To be located astride the main coast highway between down town Abu Dhabi and the Abu Dhabi International Airport, the $1.91bn development will feature two residential centres, the Canal Park Neighbourhood and the Recreational Park Neighbourhood. The former will have 42 towers built along an existing waterway, while the latter in the southern zone of the development, will have 46 towers set amidst landscaped surroundings. All of the residential and commercial elements of the development will be linked by pedestrian walkways and surrounded by gardens and parks.



The municipality had commissioned KEO International Consultants to draft a master plan for the Emerald Gateway project. Reconciling with the environment is the main target on which the project idea is built. Now approved by Sheikh Mohammed bin Zayed Al Nahyan, deputy supreme commander of the United Arab Emirates armed forces and crown prince of Abu Dhabi, the plan calls for the project to both enhance its surroundings and to meet community and national aspirations.



Donna Sultan, the chief executive officer of KEO, said the Emerald Gateway development was laden with potential.



"Rather than seeing the site as filled with constraints, we saw instead a fantastic opportunity of tying the master planning of the site with its geographic importance between the airport and the city of Abu Dhabi and coming up with a world-class setting for these 88 towers, that spoke to higher national and community goals," Sultan said.

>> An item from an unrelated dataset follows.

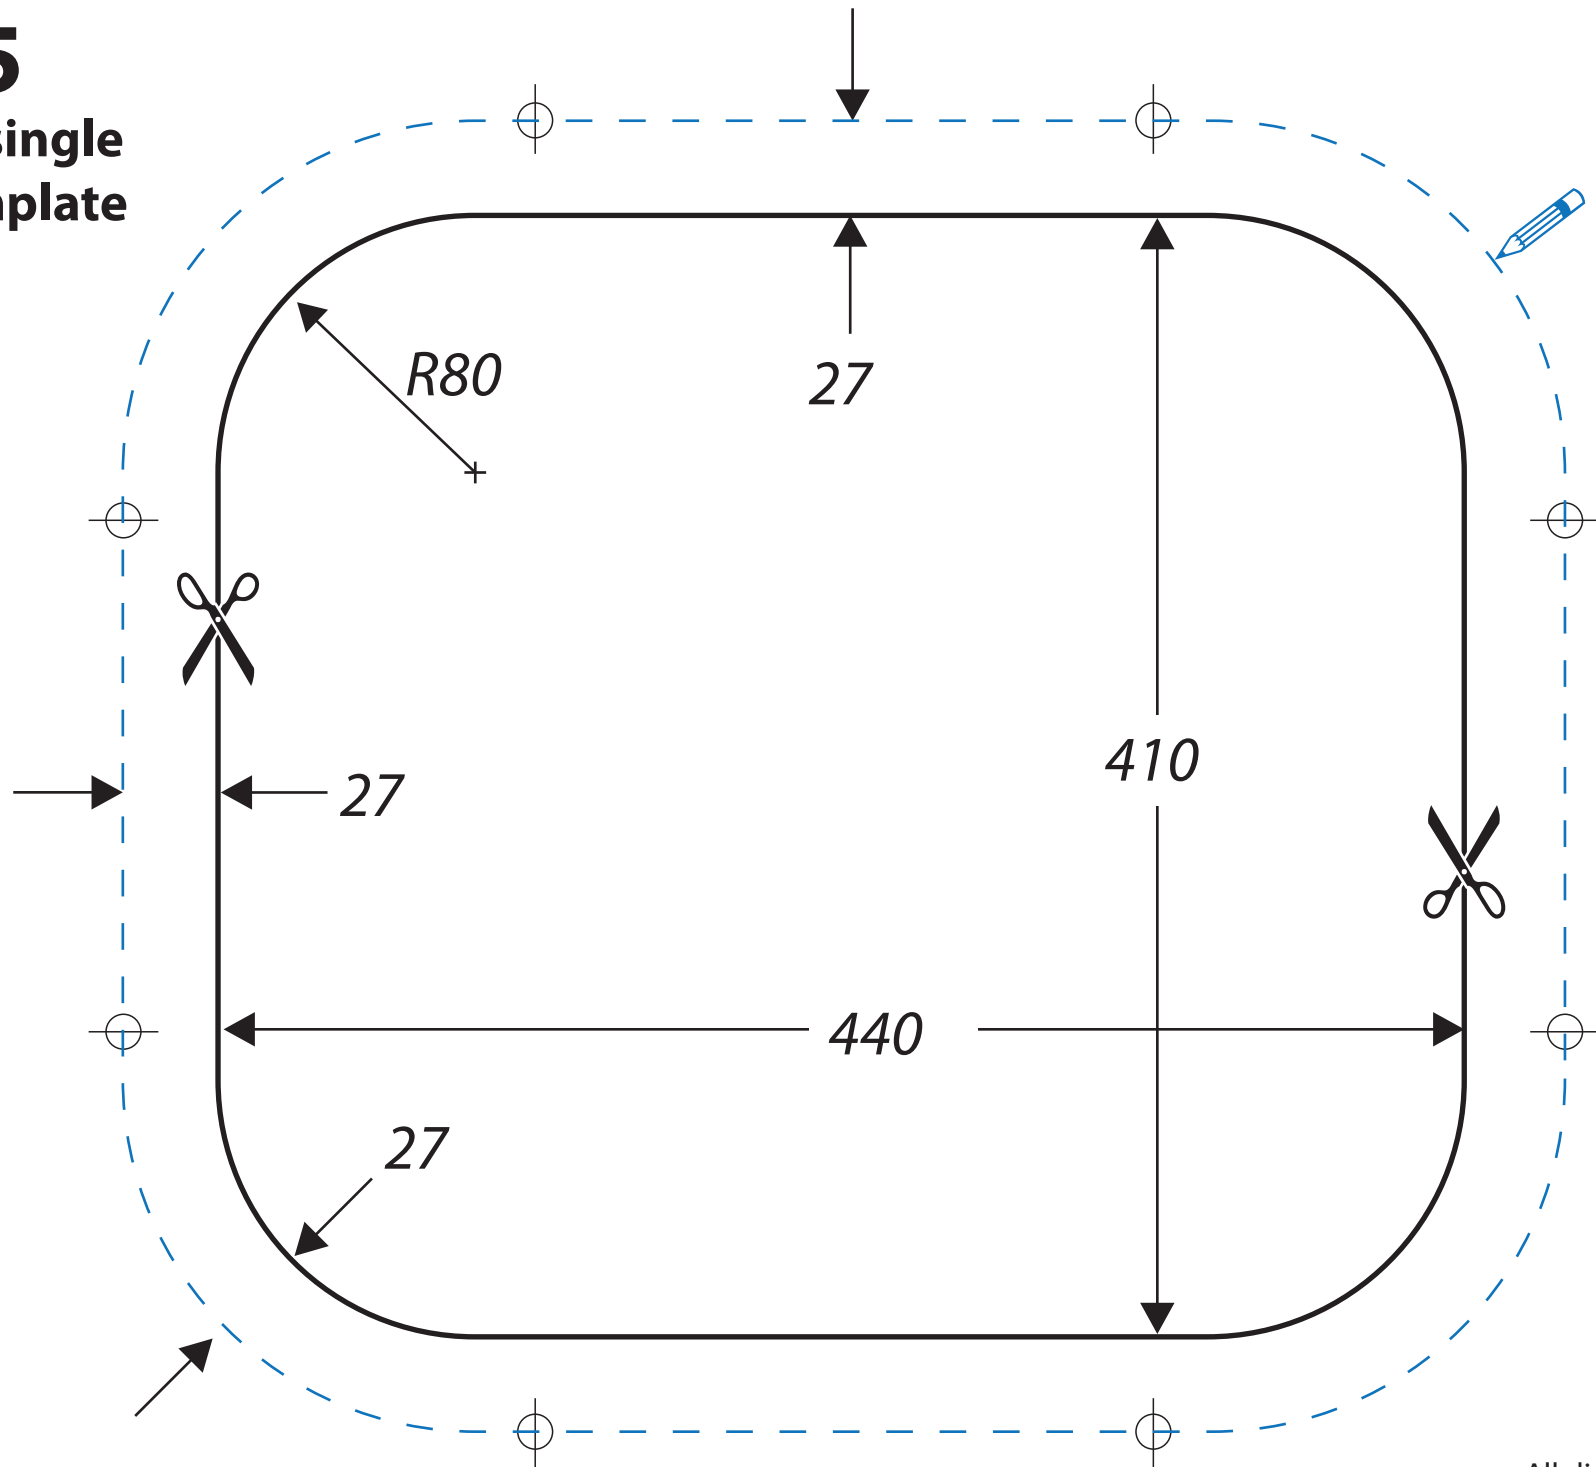

UB45

Atlantic single bowl template

All dimensions in millimetres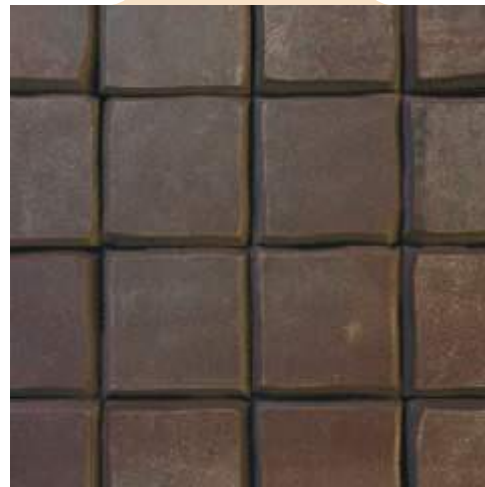

PL_CP_S010

The public element of the project includes the municipality providing $242.4m for all infrastructure services and the extensive landscaping, while the various private investors will be bound by strict design and construction guidelines to ensure all the buildings conform with the spirit and the standards set out in the master plan.



In May, the Abu Dhabi Municipality and KEO teamed up to launch another major development, the Mohammed bin Zayed City Commercial Towers, a $7bn development that will see the construction of 347 towers set out in five zones, each designed as a self contained mini-city. KEO has been tasked by the municipality as the programme manager for the project, with shopping arcades, parks, restaurants and lakes to complement the residential centres, which will provide housing for 50,000 people.



As with the Emerald Gateway development, environmental and lifestyle considerations are to be given priority. Work on the project is expected to be completed within five years, serving to boost housing stocks in the emirate.



Both schemes demonstrate Abu Dhabi's growing commitment to controlled development, with stricter building guidelines and also to closer co-operation with the private sector.



Both are in line with a document released by Abu Dhabi's Executive Council on August 1, entitled Policy Agenda 2007-08, which set out the future role of government and state policy. In its policy paper, the government said it would outsource administrative tasks such as data collection, programme assessment, recruitment and training activities, to the private sector.



In addition, it called for a radical overhaul of urban planning, and indicated that regulations would be enacted and that co-ordination between government agencies and the private sector would be boosted and stronger measures to protect the environment put in place.



While many of these new regulations have still to be promulgated, the Emerald Gateway project appears to have incorporated the government's commitment to environmental tourism.